= Cathrine Winnes =

Norwegian conductor (born 1977)

Cathrine Winnes, born 1977, is a Norwegian music conductor.

==Career==
Winnes studied music pedagogy and classic saxophone at Norwegian Academy of Music (2000) and conducting at Royal College of Music, Stockholm (2002) under the Professor Jorma Panula, and Norwegian Academy of Music (2004) with teachers Ole Kristian Ruud and Per Sigmund Thorp among others. She has graduated with a master's degree in orchestral conducting. She has conducted several of the Norwegian professional orchestras: Oslo Philharmonic, Norwegian Radio Orchestra, Trondheim Symphony Orchestra, Norwegian Arctic Philharmonic Orchestra in Tromsø and all of Norway's professional military orchestras.

She has been guest conductor in Odense Symphony Orchestra in Denmark, Helsingborg's Symphony Orchestra in Sweden, the National Opera Orchestra of Estonia and in August 2013 she became the principal conductor at Östgöta Blåsarsymfoniker.

Winnes is the artistic director at the Symphony Orchestra at the University of Oslo and in 2008 she started to work as a lecturer in conducting at the Norwegian Academy of Music.

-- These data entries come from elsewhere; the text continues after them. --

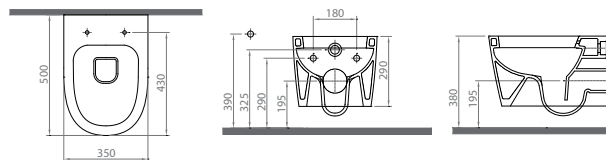

- 500 mm x 350 mm
- 24,8 kg (+- %5)
- 12 Pieces for pallet - Adet / Palet

2131 LEMON	2101 MATTE WHITE	2121 CAHMERE	3101 GLOSSY WHITE	3021 ORANGE	2011 AZURE BLUE	3031 FUCHSIA

3001 GLOSSY BLACK	2041 ANTHRACITE	2001 MATTE BLACK	2111 AQUA BLUE	3011 RED	2031 UMBER GREEN	2021 COFFEE

710051 Quartz

51 cm Ceramic Washbasin / Lavabo

FFC

- 510 mm x 400 mm x 355 mm
- 22,5 kg (+- %5)
- 12 Pieces for pallet - Adet / Palet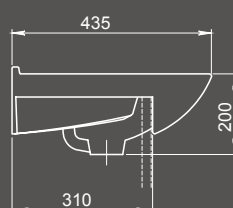

Грация

Мебельный умывальник
с отверстием перелива,
с отверстием для смесителя

Арт. 1.3120.3.S00.11B.0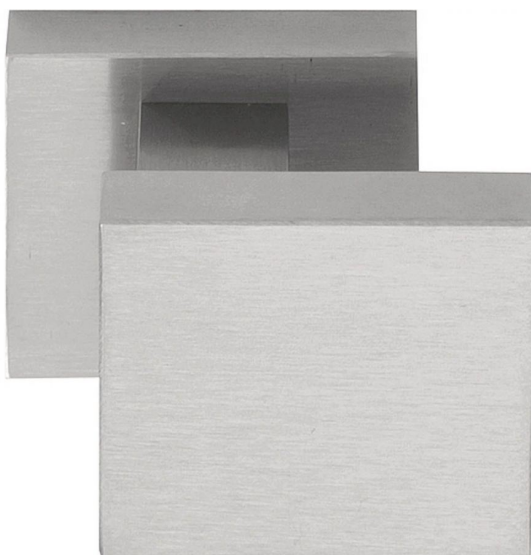

ПАРКЕТ | СТЕНОВЫЕ ПАНЕЛИ | ДВЕРИ

Ручка-кноб Formani SQUARE LSQ60V Глянцевая нержавеющая сталь

Производитель: FORMANI
Код товара: 1502K020IPXX0
Артикул: FRM-736
Дизайнер: Formani
Тип ручки: Ручка-кноб для входных дверей
Форма продажи: Штука
Цвет: Глянцевая нержавеющая сталь
Коллекция: SQUARE
Материал изделия: Нержавеющая сталь

In 2015, she conducted the world premiere of Cecilie Ore’s opera Adam and Eve at the Bergen International Festival and the Ultima Oslo Contemporary Music Festival. She has also took part in the Ultima Festival in 2016, where she conducted for the Oslo Philharmonic Orchestra, in the world premiere of Trond Reinholdsens Piano Concerto.
In 2016 she led the Swedish Radio Symphony Orchestra choirs Christmas Concert, broadcasting on Swedish television SVT.
In Autumn 2017, she made her debut with the Royal Philharmonic Orchestra in Stockholm.